## What this task involves
Every entry below should be reproduced exactly, with all pictures left out.

** Opening Data block **

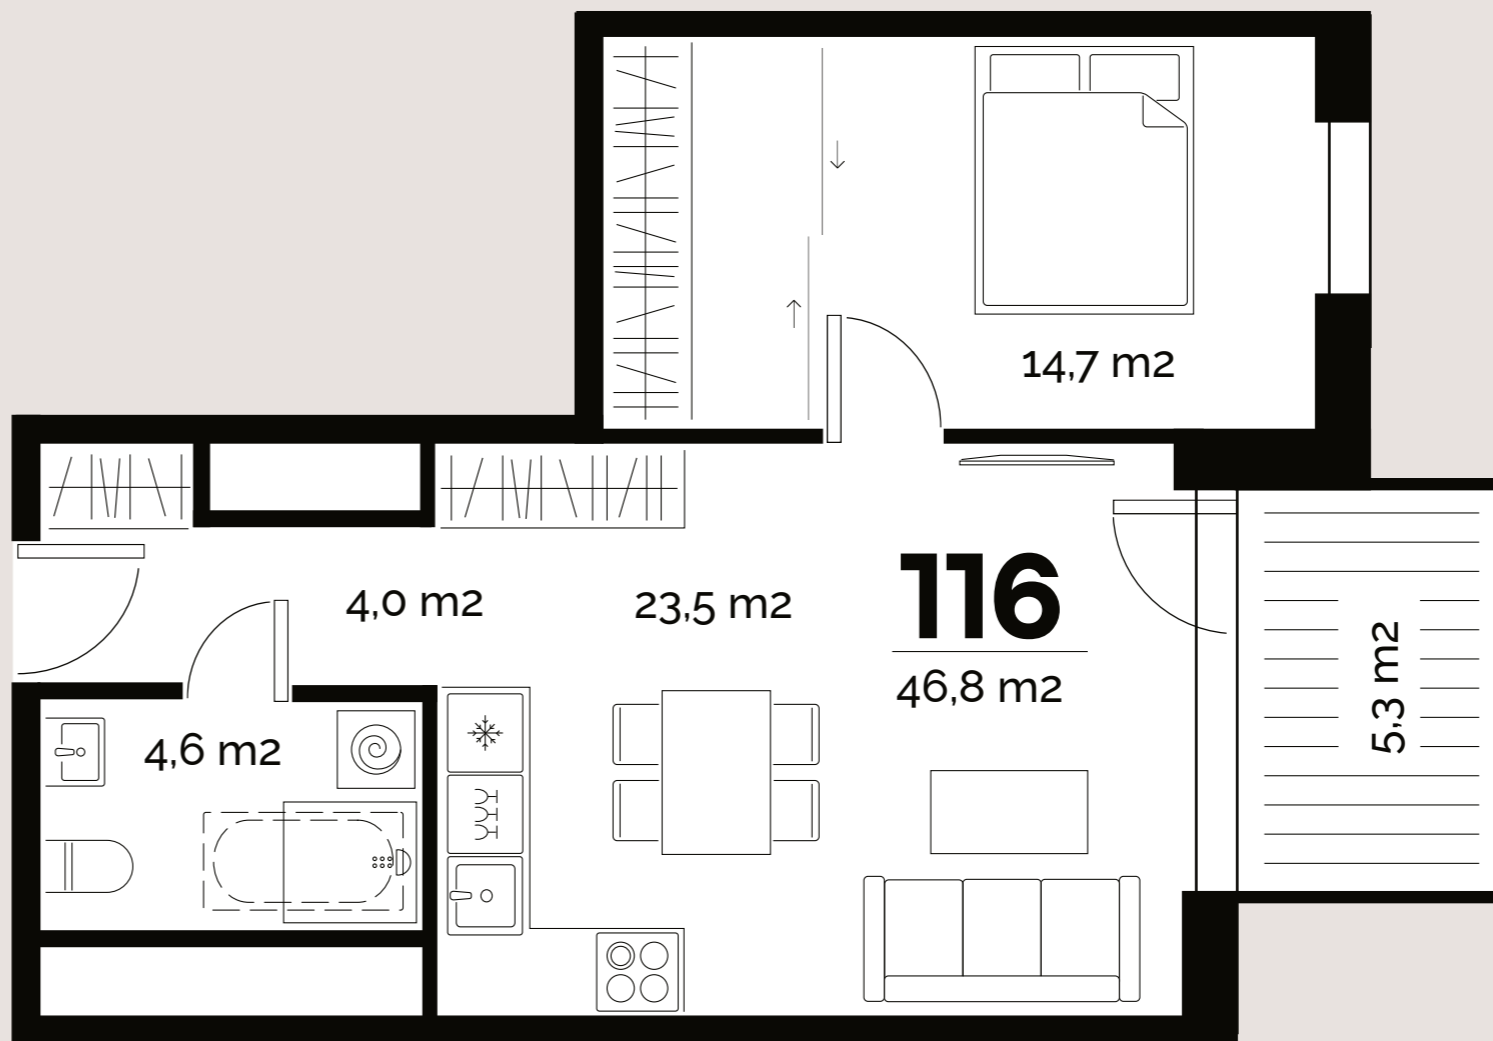

TÜRI
KVARTAL

Korter

116

Türi 9/3

TÜRI KVARTALI ÕUEALA

LUIE ASUM

PARKIMISKOHT: 120

www.kawe.ee/tyrikvartal
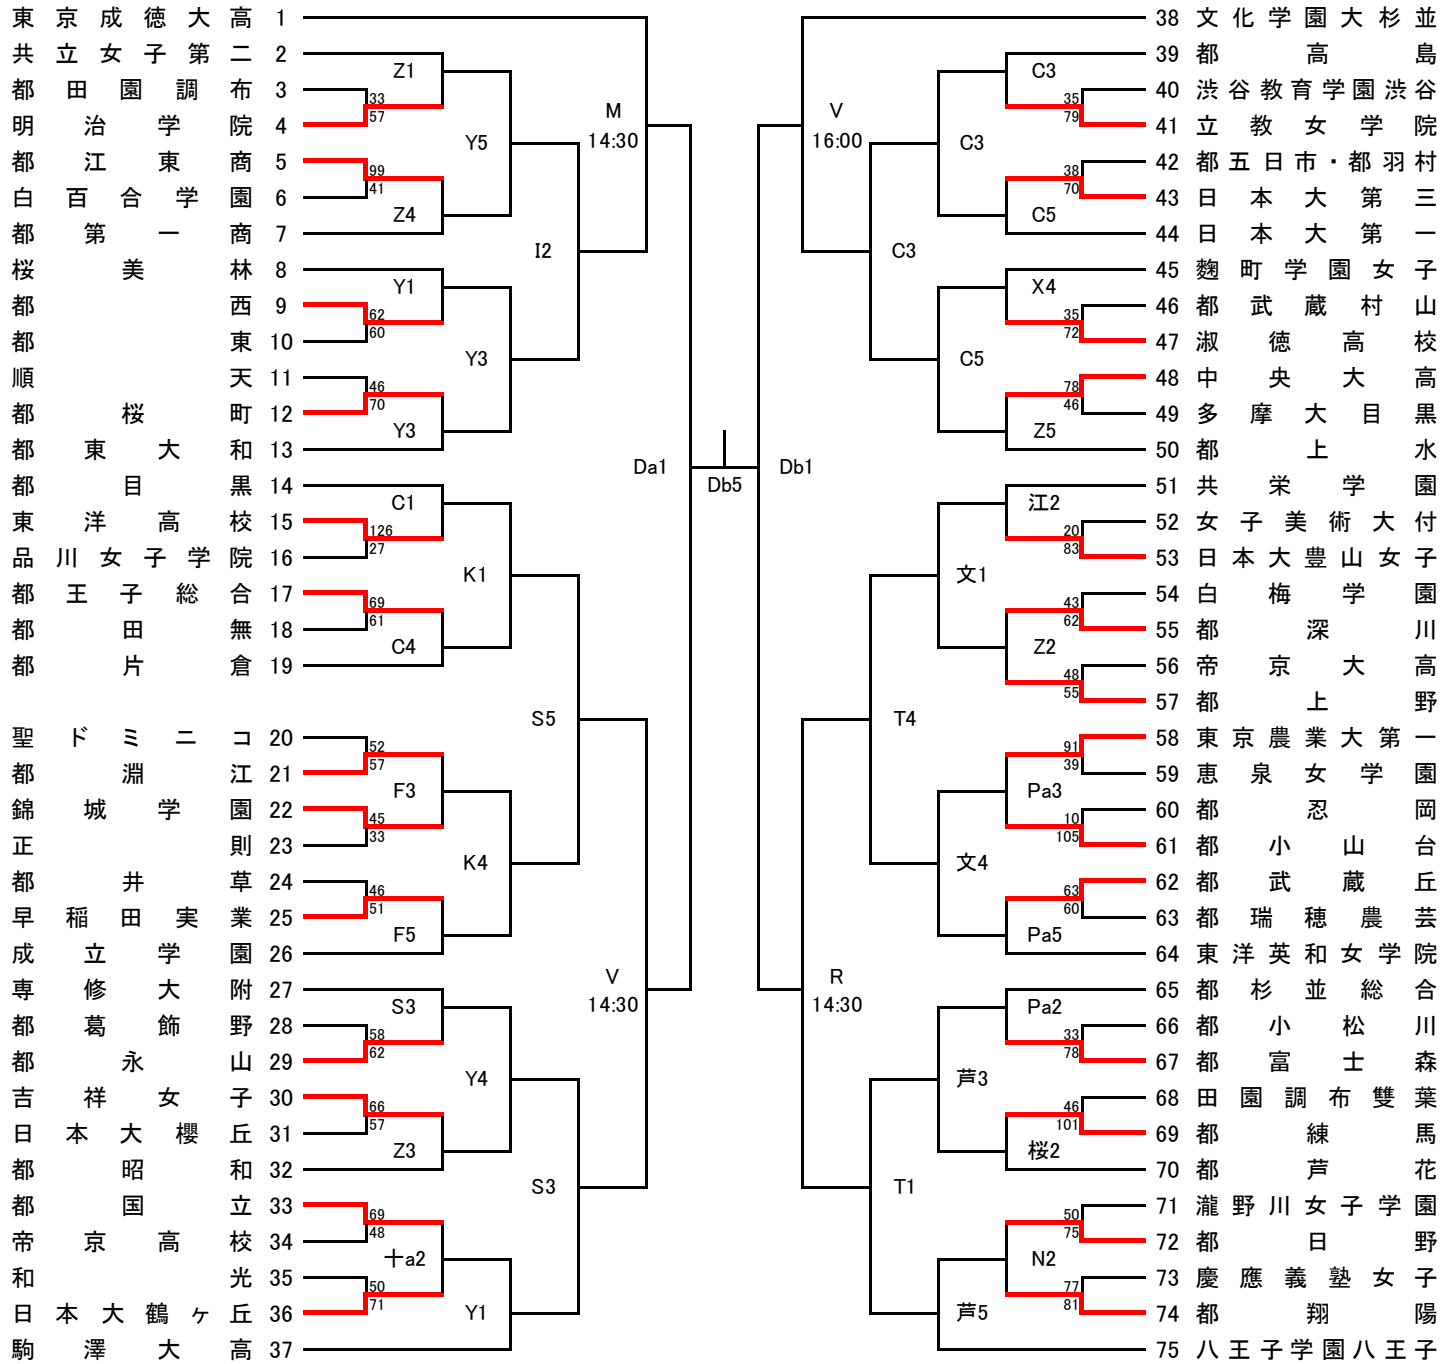

D ブロック

5/12 | 5/19 | 5/26 | 6/2 | 6/15 | 6/16 | 6/15 | 6/2 | 5/26 | 5/19 | 5/12

試合開始予定時刻 第1試合 9:00 第2試合 10:30 第3試合 12:00
(6/15は上記参照) 第4試合 13:30 第5試合 15:00 第6試合 16:30

** Closing Data block **

## Answer box
TÜRI
KVARTAL

Korter

116

Türi 9/3

TÜRI KVARTALI ÕUEALA

LUIE ASUM

PARKIMISKOHT: 120

www.kawe.ee/tyrikvartal

D ブロック

5/12 | 5/19 | 5/26 | 6/2 | 6/15 | 6/16 | 6/15 | 6/2 | 5/26 | 5/19 | 5/12

試合開始予定時刻 第1試合 9:00 第2試合 10:30 第3試合 12:00
(6/15は上記参照) 第4試合 13:30 第5試合 15:00 第6試合 16:30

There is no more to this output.